Stored items:
-------------------------

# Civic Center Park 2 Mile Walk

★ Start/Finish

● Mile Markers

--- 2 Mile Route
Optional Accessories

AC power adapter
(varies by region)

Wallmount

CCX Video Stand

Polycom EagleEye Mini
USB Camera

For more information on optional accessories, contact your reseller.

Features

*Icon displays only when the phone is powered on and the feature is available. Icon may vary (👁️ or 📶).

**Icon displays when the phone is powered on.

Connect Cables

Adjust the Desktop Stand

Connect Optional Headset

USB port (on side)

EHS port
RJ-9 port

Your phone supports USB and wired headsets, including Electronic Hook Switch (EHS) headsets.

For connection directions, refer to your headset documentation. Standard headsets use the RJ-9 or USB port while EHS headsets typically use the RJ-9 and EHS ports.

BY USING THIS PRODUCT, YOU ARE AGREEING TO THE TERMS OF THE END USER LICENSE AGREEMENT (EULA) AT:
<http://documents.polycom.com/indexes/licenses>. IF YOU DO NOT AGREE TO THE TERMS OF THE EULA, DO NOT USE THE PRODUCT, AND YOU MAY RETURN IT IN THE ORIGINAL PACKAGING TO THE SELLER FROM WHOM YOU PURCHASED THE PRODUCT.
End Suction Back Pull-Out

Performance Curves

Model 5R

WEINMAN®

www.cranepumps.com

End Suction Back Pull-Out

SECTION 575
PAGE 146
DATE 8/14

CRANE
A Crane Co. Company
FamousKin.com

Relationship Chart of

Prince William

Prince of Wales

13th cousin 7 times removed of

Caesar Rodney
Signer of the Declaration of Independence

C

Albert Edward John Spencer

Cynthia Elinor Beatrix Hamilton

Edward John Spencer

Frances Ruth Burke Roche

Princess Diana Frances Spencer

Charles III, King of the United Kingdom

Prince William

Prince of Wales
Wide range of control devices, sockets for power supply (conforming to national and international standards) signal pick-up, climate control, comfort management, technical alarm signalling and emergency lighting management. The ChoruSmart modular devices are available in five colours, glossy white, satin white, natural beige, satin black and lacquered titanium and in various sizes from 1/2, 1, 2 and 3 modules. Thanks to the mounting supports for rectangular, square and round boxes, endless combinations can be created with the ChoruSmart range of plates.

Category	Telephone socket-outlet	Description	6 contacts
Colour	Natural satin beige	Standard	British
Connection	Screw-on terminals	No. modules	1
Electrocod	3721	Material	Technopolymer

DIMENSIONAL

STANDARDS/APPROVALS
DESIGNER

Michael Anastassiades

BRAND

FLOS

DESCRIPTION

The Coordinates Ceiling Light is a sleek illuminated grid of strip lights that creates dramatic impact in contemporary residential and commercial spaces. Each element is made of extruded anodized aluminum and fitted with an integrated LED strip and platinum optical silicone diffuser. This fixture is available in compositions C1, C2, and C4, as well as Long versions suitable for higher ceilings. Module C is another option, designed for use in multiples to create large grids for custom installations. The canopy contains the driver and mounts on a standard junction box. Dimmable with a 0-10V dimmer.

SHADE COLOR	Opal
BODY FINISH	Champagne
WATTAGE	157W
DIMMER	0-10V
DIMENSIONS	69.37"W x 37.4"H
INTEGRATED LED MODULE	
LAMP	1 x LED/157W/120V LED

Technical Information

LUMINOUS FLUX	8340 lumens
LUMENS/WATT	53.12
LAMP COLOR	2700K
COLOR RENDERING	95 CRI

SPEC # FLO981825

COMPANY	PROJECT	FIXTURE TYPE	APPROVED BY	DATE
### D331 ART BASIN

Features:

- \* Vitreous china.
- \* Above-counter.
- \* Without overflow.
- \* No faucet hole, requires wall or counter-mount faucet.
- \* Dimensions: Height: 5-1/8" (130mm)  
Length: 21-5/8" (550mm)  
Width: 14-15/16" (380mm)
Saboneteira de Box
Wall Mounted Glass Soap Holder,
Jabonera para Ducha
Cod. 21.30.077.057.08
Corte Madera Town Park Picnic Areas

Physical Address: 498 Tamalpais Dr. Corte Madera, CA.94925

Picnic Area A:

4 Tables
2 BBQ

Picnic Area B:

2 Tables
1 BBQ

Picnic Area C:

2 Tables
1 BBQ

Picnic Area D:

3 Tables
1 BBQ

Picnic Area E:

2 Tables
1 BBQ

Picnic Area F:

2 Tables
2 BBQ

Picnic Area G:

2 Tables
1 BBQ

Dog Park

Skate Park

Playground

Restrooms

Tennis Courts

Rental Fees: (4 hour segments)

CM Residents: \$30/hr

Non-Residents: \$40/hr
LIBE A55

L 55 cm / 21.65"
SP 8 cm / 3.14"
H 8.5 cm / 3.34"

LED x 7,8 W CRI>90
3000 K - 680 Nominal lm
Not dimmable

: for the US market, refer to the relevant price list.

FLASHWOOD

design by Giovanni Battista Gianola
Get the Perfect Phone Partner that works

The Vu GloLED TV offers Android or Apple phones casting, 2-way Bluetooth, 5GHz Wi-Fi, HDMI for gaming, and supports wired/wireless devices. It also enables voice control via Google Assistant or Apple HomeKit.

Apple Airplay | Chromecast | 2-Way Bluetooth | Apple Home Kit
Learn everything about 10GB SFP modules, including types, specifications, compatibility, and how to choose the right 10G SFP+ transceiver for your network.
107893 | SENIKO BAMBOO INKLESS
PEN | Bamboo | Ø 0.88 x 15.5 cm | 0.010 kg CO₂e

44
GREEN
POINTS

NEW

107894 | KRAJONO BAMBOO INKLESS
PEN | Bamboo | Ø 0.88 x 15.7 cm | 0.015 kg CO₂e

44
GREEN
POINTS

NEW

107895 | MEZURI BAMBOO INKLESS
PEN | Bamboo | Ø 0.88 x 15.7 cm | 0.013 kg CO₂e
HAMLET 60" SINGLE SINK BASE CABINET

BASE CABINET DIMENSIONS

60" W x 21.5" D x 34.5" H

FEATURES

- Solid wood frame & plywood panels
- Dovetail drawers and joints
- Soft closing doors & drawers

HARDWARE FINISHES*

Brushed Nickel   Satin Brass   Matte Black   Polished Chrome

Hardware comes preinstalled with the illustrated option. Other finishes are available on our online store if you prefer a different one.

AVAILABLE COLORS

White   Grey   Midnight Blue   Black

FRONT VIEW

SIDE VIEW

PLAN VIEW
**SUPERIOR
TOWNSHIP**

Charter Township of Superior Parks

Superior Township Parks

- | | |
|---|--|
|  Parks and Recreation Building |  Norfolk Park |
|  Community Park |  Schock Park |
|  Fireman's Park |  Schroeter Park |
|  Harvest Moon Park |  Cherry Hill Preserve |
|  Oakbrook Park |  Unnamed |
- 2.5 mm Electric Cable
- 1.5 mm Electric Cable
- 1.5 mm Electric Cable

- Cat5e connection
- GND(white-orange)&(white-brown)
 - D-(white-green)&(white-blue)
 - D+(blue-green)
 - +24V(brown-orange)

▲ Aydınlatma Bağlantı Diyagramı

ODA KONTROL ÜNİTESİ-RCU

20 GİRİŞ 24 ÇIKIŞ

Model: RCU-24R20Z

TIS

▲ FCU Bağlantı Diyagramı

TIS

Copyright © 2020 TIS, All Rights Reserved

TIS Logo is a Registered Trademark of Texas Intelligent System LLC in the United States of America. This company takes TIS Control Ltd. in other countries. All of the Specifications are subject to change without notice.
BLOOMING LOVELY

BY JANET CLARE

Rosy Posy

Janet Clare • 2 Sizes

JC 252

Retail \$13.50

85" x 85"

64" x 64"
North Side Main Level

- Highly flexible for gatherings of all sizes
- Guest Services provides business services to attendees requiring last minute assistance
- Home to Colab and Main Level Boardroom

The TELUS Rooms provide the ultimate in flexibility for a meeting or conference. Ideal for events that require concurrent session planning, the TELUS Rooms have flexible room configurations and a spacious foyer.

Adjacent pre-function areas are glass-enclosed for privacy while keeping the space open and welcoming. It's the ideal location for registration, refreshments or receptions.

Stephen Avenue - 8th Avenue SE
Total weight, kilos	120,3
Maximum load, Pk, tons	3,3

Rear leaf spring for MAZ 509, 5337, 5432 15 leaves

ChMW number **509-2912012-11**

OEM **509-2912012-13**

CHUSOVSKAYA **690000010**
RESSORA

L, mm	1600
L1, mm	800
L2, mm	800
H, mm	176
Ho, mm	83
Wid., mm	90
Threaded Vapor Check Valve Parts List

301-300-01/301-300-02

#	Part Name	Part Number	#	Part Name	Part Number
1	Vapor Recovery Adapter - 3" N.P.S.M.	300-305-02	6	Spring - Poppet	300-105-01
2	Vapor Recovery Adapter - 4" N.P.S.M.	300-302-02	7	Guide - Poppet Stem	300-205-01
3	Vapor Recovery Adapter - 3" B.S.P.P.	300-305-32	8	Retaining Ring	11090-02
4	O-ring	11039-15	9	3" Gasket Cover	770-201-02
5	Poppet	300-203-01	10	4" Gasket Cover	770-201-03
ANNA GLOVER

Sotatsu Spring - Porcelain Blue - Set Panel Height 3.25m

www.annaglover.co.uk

-------------------------

*WHAT THIS TASK INVOLVES*: Could you return exactly the stretch of the data above that starts at the line with "BY USING THIS" and ends at the line with "www.cranepumps.com", both lines included?

*EXERCISE ANSWER*:
BY USING THIS PRODUCT, YOU ARE AGREEING TO THE TERMS OF THE END USER LICENSE AGREEMENT (EULA) AT:
<http://documents.polycom.com/indexes/licenses>. IF YOU DO NOT AGREE TO THE TERMS OF THE EULA, DO NOT USE THE PRODUCT, AND YOU MAY RETURN IT IN THE ORIGINAL PACKAGING TO THE SELLER FROM WHOM YOU PURCHASED THE PRODUCT.
End Suction Back Pull-Out

Performance Curves

Model 5R

WEINMAN®

www.cranepumps.com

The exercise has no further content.